Alas, for a myriad of reasons, it’s not to be. But I can at least act all super-sneaky and such by encrypting data that I want to keep “private” using an encrypted disk image for my data. (Hey, Katie, how’s that for a roundabout, tangental introduction to an article? Ha!)
All kidding aside, though, there are a number of reasons you may want to have encrypted files on your hard drive(s). How about:
- If you’re a musician who has all the track files for your latest album on a drive and you don’t want them getting out if your drive is lost or stolen.
- If you have the plans for your company’s next big product that you need to keep with you as you move from supplier to supplier.
- If you use any online “cloud-based” storage (such as Dropbox, Google Drive, SkyDrive, etc.), where your data is not on storage under your direct control.
- If you have sensitive data you’d like to be “for your eyes only” (such as holiday gift lists, tax info, or your plans for world domination).
Of course, there’s more than one way to encrypt your data; much of it depends on usage and preferences. Windows has its own encryption options, and if you’re working in a mixed-OS environment, you may want to look into the cross-platform PGP utilities available for the appropriate OS versions you’re using.
However, there are lots of instructions online with that kind of information for those utilities; we’re going to focus on OS X instead. Under Mac OS X, there are a number of ways of encrypting your data. Encrypting your Mac’s main drive is simple enough; all you need to do is have FileVault. In Lion and later, you can use Disk Utility to format your external drives as “Mac OS Extended (Journaled, Encrypted)”, and use pretty much the same technology as FileVault; if you’re running Mountain Lion, you can even encrypt your external by right-clicking the drive icon in the Finder, though that may take a little longer.
It’s a pretty good way of offering some decent security for your external devices. However, there’s a slight drawback: if any of the Macs you want to use this with are running 10.6.8 or earlier, you can’t use an external drive encrypted this way.
So what do we do if we want to encrypt files for use across a wide array of OS X versions? Fortunately, we still have another option: encrypted sparse bundles.
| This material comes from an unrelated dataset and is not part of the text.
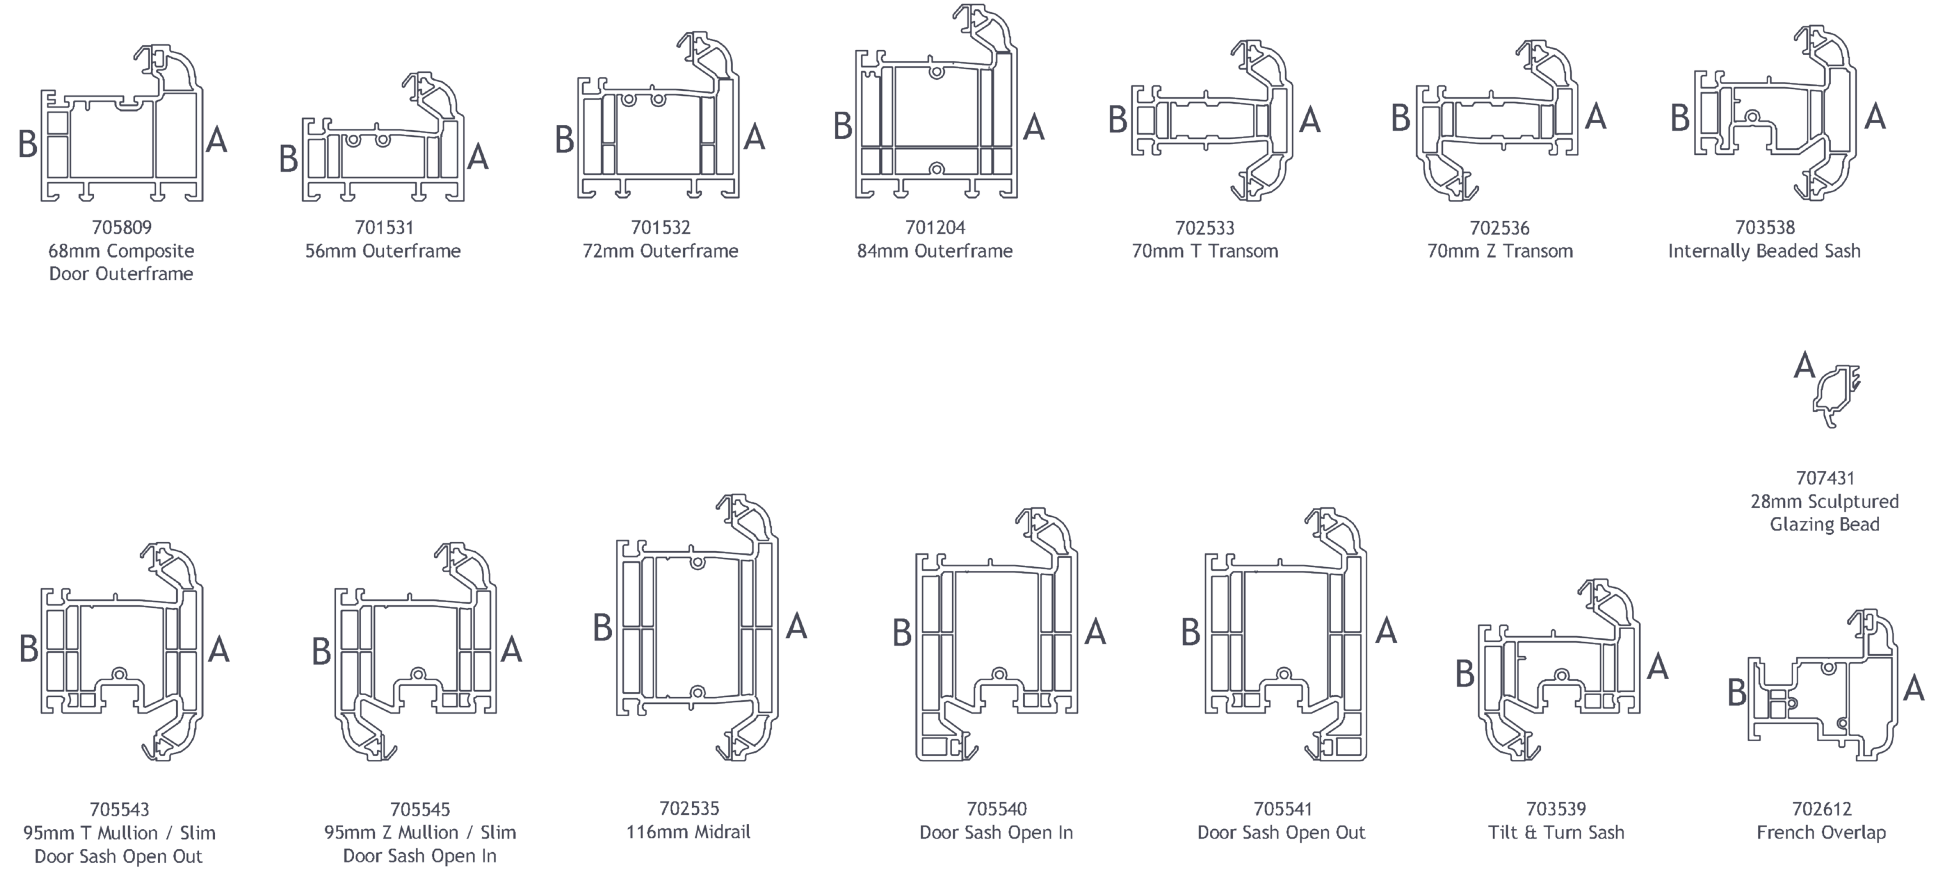

Lamination Chart

Any face with an *s* next to it is offered in SPECTRAL and only on bevelled faces.

Download the latest Variations Brochure with the most up to date lamination charts.

◇ SPECTRAL is only available on bevelled or flat surfaces.

For more information or to order a swatch book contact us on 0800 0512 711, email salesenquiry@veka.com or visit www.veka.co.uk

This is a form of disk image that expands as items are added to it (up to its predetermined limit) and requires a password to access. The neat part is that it can be used with OS X versions as far back as 10.5, and can coexist with non-encrypted data on the same drive. That last bit enables it to work exceedingly well with “cloud” services.
Creating the sparse bundle
In order to create our encrypted sparse bundle, we’ll need to open up Disk Utility; you can find it under Applications/Utilities/Disk Utility.app on your boot drive.
Once you’ve opened up Disk Utility, go to the File menu and select New>Blank Disk Image, (or simply hit Command-Option-N). You’ll then be presented with the New Blank Image window, where you’ll need to fill out the following information.
- Save As: – This is the name that will be on the icon you click in the Finder. You can either give it a descriptive name like “Tax Info” or if you wish to be more clandestine about it, you can give it the name of something that pretty much nobody would be interested in, like “Bran Muffin Recipes.” I’m going to go with “Economics Essays.”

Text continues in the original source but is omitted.